Tuesday, June 7, 2011

CMP interoperability

I have been making more tests, and some improvements, on CMP interoperability for EJBCA.

You can see some of the results here.

In short, CMP mostly seems to work purely technical. What is cumbersome with the CMP protocol is that there are so many options. For a CA to say that you support CMP does not mean much. You must explicitly say which specific CMP work-flows, with technical details that you support. Otherwise it does not mean much. For example, how are enrolling clients authenticated? Common options include:
  • Shared secret used for Password based MAC, where keyId is username (specified in profile in RFC). Shared secret must be in clear text in CA database, which is a down-side. Pre-registration of end entities needed.
  • Shared secret with one-time password in regToken control. Pre-registration of end entities needed.
  • Digital signature protected request message, where digital signature is based on an out-of-band issued certificate, possibly from another CA. Pre-registration of end entities needed.
  • RA type application with Password based HMAC, where RA specifies the certificate contents in the request, and authenticated using a shared secret. No pre-registration of end entities needed.
  • RA type application with digital signature authentication. No pre-registration of end entities needed.
  • Etc...

The options virtually have no limits.

As you see it is a very large work to implement all options. The rule we use is that we implement options that we actually see usage of, which of course means that we need to improve continuously. I think it is the only way to work efficiently however, not to implement functions that will never be used. The downside is of course that someone can come along and find our implementation not supporting their use-case. Usually new things can be implemented with rather short investment.

2 comments:

Anonymous said...

This is a great summary, since it's exactly what we do for CMP as well. It's kinda hard explaining to users that CMP isn't a standard but a bunch of ideas, many of them described only vaguely, and if you want anything beyond the lowest-common-denominator stuff, "issue a cert", "revoke a cert", that sort of thing, you're looking at custom programming to get it done. CMP is like a large box of lego, there's a lot of assembly required, and anything a bit out of the ordinary is a custom build of lego pieces.

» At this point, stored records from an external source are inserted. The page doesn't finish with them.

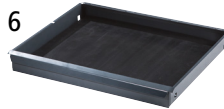

## 1–4 | Montagewagen

- Preisgünstig zum mobilen Arbeitsplatz
- Schubladen beidseitig ausziehbar

Breite: 460 mm. Höhe: 980 mm. Gestellmaterial: Stahlblech, pulverbeschichtet. Arbeitsplattenmaterial: Multiplex 25 mm. Radausstattung: 2 Lenkrollen mit 1 x Feststeller, 2 Bockrollen. Anzahl Schubladen: 6 Stück. Schubladenhöhe: 3 x 130 mm / 2 x 65 mm / 1 x 180 mm. Schubladentraglast: 30 kg. Schubladenauszug: 80%. Ausführung Schublade: beidseitig ausziehbar. Eigenschaft: verschließbar. Plattenstärke: 25 mm. Verschlussart: Zentralverschluss durch Zylinderschloss.

### 5 | Schubladeneinteilungs-Sets

Für Schubladenhöhe: 65 mm. Anzahl Querteiler: 9 Stück.

5 | **Nr. 292 743 KV € 36.90**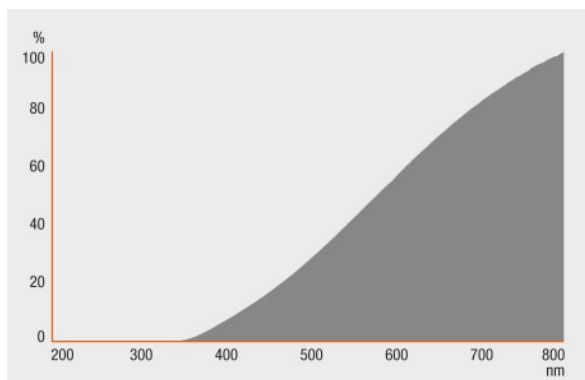

Техническое описание продукта

Распределение силы света

Spectral power distribution

Данные для заказа

Product code	Описание продукта	Упаковка (цена/шт.)	Размеры (длина x ширина x высота)	Объем	Вес брутто
4050300335667	HALOSTAR 24 V 100 W 24 V GY6.35	Shipping carton box 40	109 mm x 145 mm x 121 mm	1.91 дм³	227.40 g

The mentioned product code describes the smallest quantity unit which can be ordered. One shipping unit can contain one or more single products. When placing an order, for the quantity please enter single or multiples of a shipping unit.

Примечание

В заказ могут быть внесены изменения без предварительного уведомления. Проверьте информацию на наличие ошибок. Убедитесь, что информация актуальна.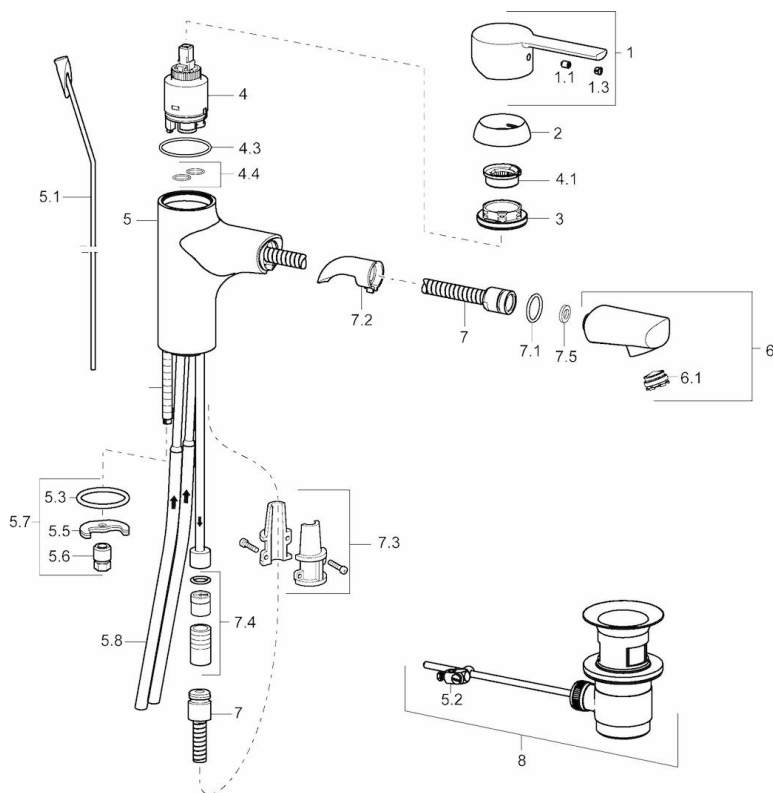

EAN: 4015474228504  
[static.hansa.com/03012173](http://static.hansa.com/03012173)

- Waschtisch
- Einhebelmischer
- Standmontage
- Chrom
- Feststehender Auslauf, Ausziehbarer Auslauf
- CACHÉ® Strahlregler, ohne Mundstück direkt in den Armaturenauslauf geschraubt
- Hebel mit W+K-Kennzeichnung, Einhandbedienhebel/Griff
- Ablaufgarnitur mit Zugstange
- Temperaturbegrenzer, Heißwassersperre einstellbar (im Lieferumfang enthalten)
- Rückflussverhinderer, ø 3.5 classic Steuerpatrone mit keramischen Dichtscheiben zur Wassermengen- und Temperatureinstellung
- Anschluss über Kupferrohre
- Armaturenkörper aus entzinkungsbeständigem Messing (DZR)
- Eigensicher gegen Rückfließen im häuslichen Gebrauch (nach DIN EN 1717)

### Technische Eigenschaften

DN-Größe (Nennmaß) **DN15**  
 Warmwasserversorgung **max. +80°C**  
 Arbeitsdruck **0.5-10 bar**  
 Anschlussgröße **Ø10**  
 Projection **125 mm**  
 Werkstoff **Messing**

## Ersatzteile

### SP03012173

	Name	Art.-Nr.
1	Hebel	59913761
1.1	Schraube, M5x8, SW2.5	59904755
1.3	Blindstopfen	59913762
2	Abdeckkappe, 33x3 mm	59912504
3	Gegenmutter, M40x1, SW30	59913210
4	Kartusche, 3,5 Eco	59912324
4	Kartusche, 3,5 Classic	59913075
4.1	Temperaturanschlag	59912325
4.3	O-Ring, d 28.24x2.62	59912590
4.4	O-Ring, d 10.10x1.60	59905072
5.1	Zugstange mit Knopf	59913652
5.2	Gelenkstück	59904624
5.3	O-Ring, d 36.09x d 3.53	59913396
5.5	Befestigungsplatte	59904765
5.6	Schraube, M8x1, SW13	59904766
5.7	Befestigungssatz	59910749
5.8	Rohr	59913764
6	Ausziehbarer Auslauf	59912814
6.1	Luftsprudler, M24x1 A, 8 l/min	59913130
7	Schlauch, L=1200, M15x1	59912815
7.1	O-Ring, d 16x2	59906703
7.2	Schlauchdurchführung	59911625
7.3	Halter	59906600
7.4	RV-Patrone, M16x1/M14x1	59913418
7.5	Dichtung, 9.5x14.4x2	59912551
8	Ablaufgarnitur	59904620
N.I.	Schlüssel für Luftsprudler, M24x1	59913134
N.I.	Schlüssel, SW30/34	59912108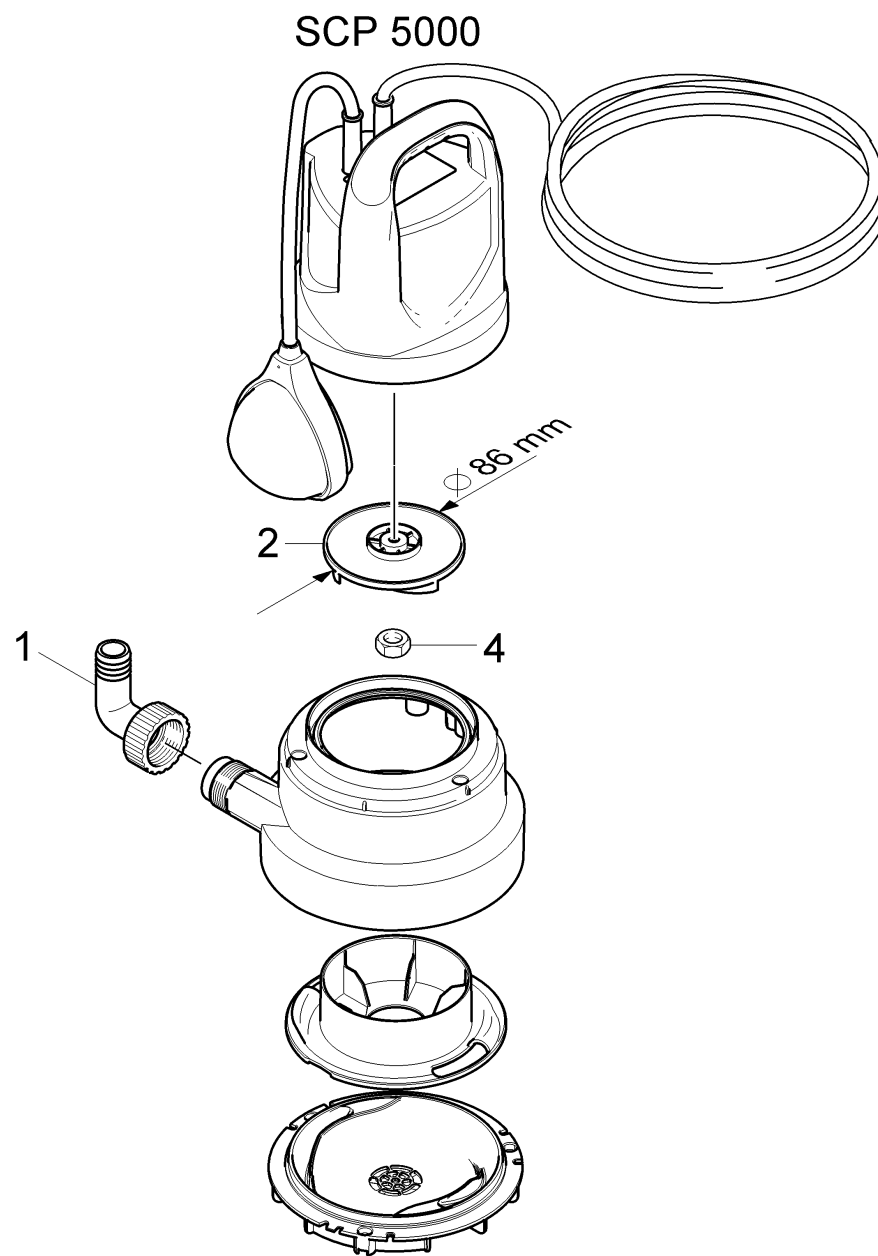

SCP 7000 *EU-II (1.645-166.0)

POS	Article no.	Description	Quantity	Unit
0	5.970-726.0	Spare parts list SCP 6000/7000	1.000	ST

Spare parts list SCP 6000/7000 (5.970-726.0)

POS	Description	Quantity	Unit
10	Individual parts	1.000	ST

10 Individual parts

POS	Description	Quantity	Unit	Foot note text
12	Individual parts	1.000	ST	VERSION 2
11	Individual parts	1.000	ST	VERSION 1

SCP 6000 / SCP 7000

SCP 5000

11 Individual parts

POS	Article no.	Description	Quantity	Unit	Remark
4	7.311-067.0	Hexagon nut M 6-A2-70 ISO 4032	1.000	ST	
1	4.645-090.0	Hose connection complete OPP	1.000	ST	
2	5.645-058.0	Impeller clear SCP6000	1.000	ST	SCP 6000 /*EU/*CH/*GB /D=90,5mm
2	5.645-092.0	Impeller clear SCP7000	1.000	ST	SCP 7000 /D=90,5mm
2	5.645-231.0	Impeller SCP 5000	1.000	ST	SCP 5000 /D=90,5mm
2	5.645-374.0	Impeller SCP6000 *MX	1.000	ST	SCP 6000 /*MX /D=90,5mm
3	7.312-292.0	Washer 6 -A2 ISO 7093-1	1.000	ST	

12 Individual parts

POS	Article no.	Description	Quantity	Unit	Remark
4	7.311-514.0	Hexagon nut M 8-A2-70 ISO 7040	1.000	ST	
1	4.645-090.0	Hose connection complete OPP	1.000	ST	
2	5.645-922.0	Impeller Ø86 SCP 5000	1.000	ST	/D=86 mm

(The fact that the protocol was never actually implemented by the folks who dreamed it up doesn't help, there are chunks of CMP that are incomprehensible, illogical, and sometimes non-functional as documented).

Anonymous said...

This is a great summary, since it's exactly what we do for CMP as well. It's kinda hard explaining to users that CMP isn't a standard but a bunch of ideas, many of them described only vaguely, and if you want anything beyond the lowest-common-denominator stuff, "issue a cert", "revoke a cert", that sort of thing, you're looking at custom programming to get it done. CMP is like a large box of lego, there's a lot of assembly required, and anything a bit out of the ordinary is a custom build of lego pieces.

(The fact that the protocol was never actually implemented by the folks who dreamed it up doesn't help, there are chunks of CMP that are incomprehensible, illogical, and sometimes non-functional as documented).